Records contained in a dataset
-*-*-

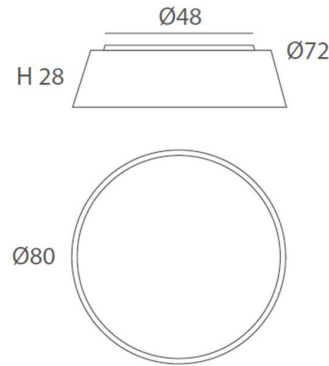

Cuerda: ver carta de colores/
Cord: see cord color chart

INSTALACIÓN/ INSTALLATION

E27 LED 3x15W Ø 6cm 

EEI: **A++** ... **A**

REF.
24000/80

PLAFÓN/ CEILING LAMP
IP20

MATERIAL

Metal, metacrilato y cuerda/
Metal, PMMA & cord
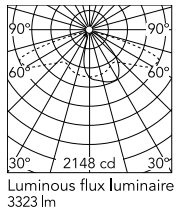

### Physical

Colour	Anthracite
Orientation	Fixed
Net weight (kg)	13.09
Package height (mm)	605
Package width (mm)	175
Package length (mm)	150
Package volume (m <sup>3</sup> )	0.02
IP internal	65

### Photometric Files

[LDT / IES](#)  ZIP

### Technical Drawings

[2D](#)  ZIP

[3D](#)  ZIP

## Schematic light drawing

Beam Angle: 61°

h(m)	E(lx)	D(m)
1	1155	1.38
2	289	2.76
3	128	4.14
4	72	5.52
5	46	6.90
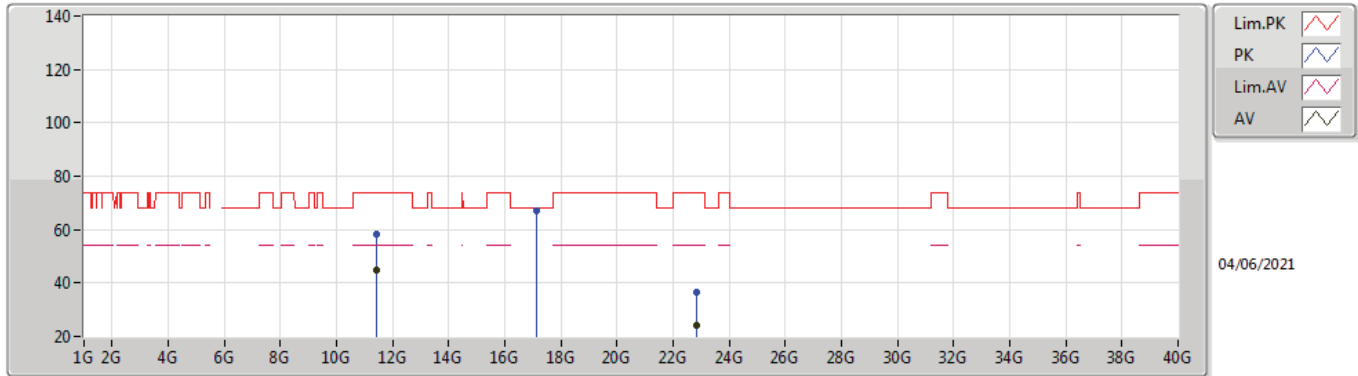

802.11ax HEW40_Nss1,(MCS0)_8TX
5710MHz Straddle 5.47-5.725GHz_TX

Type	Freq (Hz)	Level (dBuV/m)	Limit (dBuV/m)	Margin (dB)	Factor (dB)	Dist (m)	Condition	Azimuth (°)	Height (m)	Comment	Raw (dBuV)	AF (dB)	CL (dB)	PA (dB)
AV	11.41848G	44.70	54.00	-9.30	12.25	3	Horizontal	319	1.50	-	32.45	40.54	12.81	41.10
AV	22.8316G	23.97	54.00	-30.03	-8.39	3	Horizontal	46	1.73	-	32.36	39.40	17.81	56.06
PK	11.4188G	58.35	74.00	-15.65	12.25	3	Horizontal	319	1.50	-	46.10	40.54	12.81	41.10
PK	17.12864G	67.19	68.20	-1.01	18.37	3	Horizontal	13	3.15	-	48.82	44.70	15.61	41.94
PK	22.83142G	36.66	74.00	-37.34	-8.39	3	Horizontal	46	1.73	-	45.05	39.40	17.81	56.06
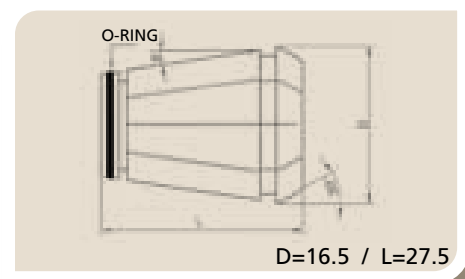

INCH SIZED COOLANT SEALED ER COLLETS for internal coolant tools İNÇ ÖLÇÜ SIZDIRMAZ PENSLER İçten soğutmalı takımlar için

ERC16 DIN 6499 / ISO 15488

Pat. Nr. 2012 07739

| ERC16 clamping dia sıkma çapı Ø inch | CLASS 2 | | CLASS 1 | | TOPAC (5 micron) | |
|-----------------------------------------------|------------|-------|------------|-------|------------------|-------|
| | CODE / KOD | EURO | CODE / KOD | EURO | CODE / KOD | EURO |
| 1/8 | ERC1603182 | 12.00 | ERC1603181 | 13.50 | ERC160318T | 16.40 |
| 5/32 | ERC1603972 | 12.00 | ERC1603971 | 13.50 | ERC160397T | 16.40 |
| 3/16 | ERC1604762 | 12.00 | ERC1604761 | 13.50 | ERC160476T | 16.40 |
| 7/32 | ERC1605562 | 12.00 | ERC1605561 | 13.50 | ERC160556T | 16.40 |
| 1/4 | ERC1606352 | 12.00 | ERC1606351 | 13.50 | ERC160635T | 16.40 |
| 9/32 | ERC1607142 | 12.00 | ERC1607141 | 13.50 | ERC160714T | 16.40 |
| 5/16 | ERC1607942 | 12.00 | ERC1607941 | 13.50 | ERC160794T | 16.40 |
| 11/32 | ERC1608732 | 12.00 | ERC1608731 | 13.50 | ERC160873T | 16.40 |
| 3/8 | ERC1609532 | 12.00 | ERC1609531 | 13.50 | ERC160953T | 16.40 |

ERC16 INCH SIZED COOLANT SEALED COLLETS SETS ERC16 İNÇ ÖLÇÜ SIZDIRMAZ PENS TAKIMLARI

ERC16 INCH SIZED COOLANT SEALED COLLET SET CLASS 2

| CODE/KOD | content - içeriği | EURO |
|-------------|-----------------------------------------------------------------------------------------------------------------------------------------------------------------------------------------|--------|
| ERC16SETIN2 | 9pcs ERC16 Inch sized coolant sealed collets Ø1/8-3/8 Class 2 in plastic box 9Ad. ERC16 İnce ölçü pens Ø1/8-3/8 Class 2 plastik kutuda 1/8-5/32-3/16-7/32-1/4-9/32-5/16-11/32-3/8 | 113.00 |
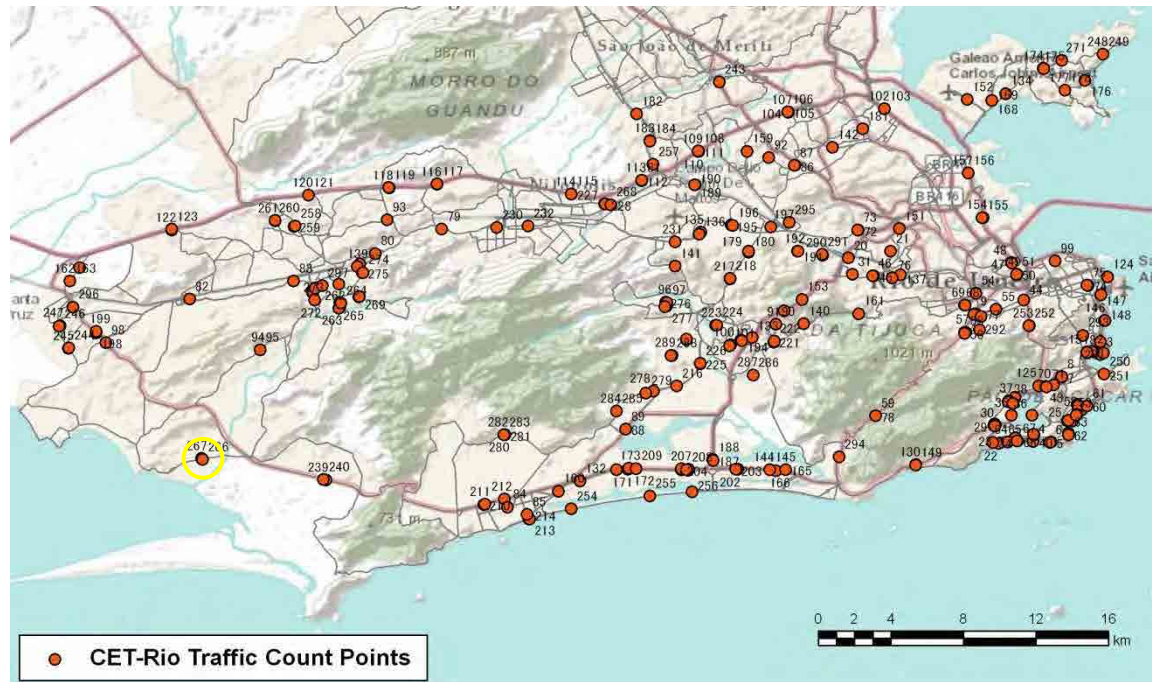

[Location]

[Weekday]

[Weekend]

No.	Point	Towards
267	Estrada da Matriz, próximo ao n.2.440	Pedra de Guaratiba

[Location]

[Weekday]

[Weekend]

No.	Point	Towards
268	Estrada da Água Branca, 77	Madureira

-*-*-

- _EXERCISE PROMPT_: Only the lines from the one with "ERC160318T | 16.40 |" through the final line of the entries above should be transcribed, exactly and without pictures.

- _EXPECTED OUTPUT_:
| 1/8 | ERC1603182 | 12.00 | ERC1603181 | 13.50 | ERC160318T | 16.40 |
| 5/32 | ERC1603972 | 12.00 | ERC1603971 | 13.50 | ERC160397T | 16.40 |
| 3/16 | ERC1604762 | 12.00 | ERC1604761 | 13.50 | ERC160476T | 16.40 |
| 7/32 | ERC1605562 | 12.00 | ERC1605561 | 13.50 | ERC160556T | 16.40 |
| 1/4 | ERC1606352 | 12.00 | ERC1606351 | 13.50 | ERC160635T | 16.40 |
| 9/32 | ERC1607142 | 12.00 | ERC1607141 | 13.50 | ERC160714T | 16.40 |
| 5/16 | ERC1607942 | 12.00 | ERC1607941 | 13.50 | ERC160794T | 16.40 |
| 11/32 | ERC1608732 | 12.00 | ERC1608731 | 13.50 | ERC160873T | 16.40 |
| 3/8 | ERC1609532 | 12.00 | ERC1609531 | 13.50 | ERC160953T | 16.40 |

ERC16 INCH SIZED COOLANT SEALED COLLETS SETS ERC16 İNÇ ÖLÇÜ SIZDIRMAZ PENS TAKIMLARI

ERC16 INCH SIZED COOLANT SEALED COLLET SET CLASS 2

| CODE/KOD | content - içeriği | EURO |
|-------------|-----------------------------------------------------------------------------------------------------------------------------------------------------------------------------------------|--------|
| ERC16SETIN2 | 9pcs ERC16 Inch sized coolant sealed collets Ø1/8-3/8 Class 2 in plastic box 9Ad. ERC16 İnce ölçü pens Ø1/8-3/8 Class 2 plastik kutuda 1/8-5/32-3/16-7/32-1/4-9/32-5/16-11/32-3/8 | 113.00 |

[Location]

[Weekday]

[Weekend]

No.	Point	Towards
267	Estrada da Matriz, próximo ao n.2.440	Pedra de Guaratiba

[Location]

[Weekday]

[Weekend]

No.	Point	Towards
268	Estrada da Água Branca, 77	Madureira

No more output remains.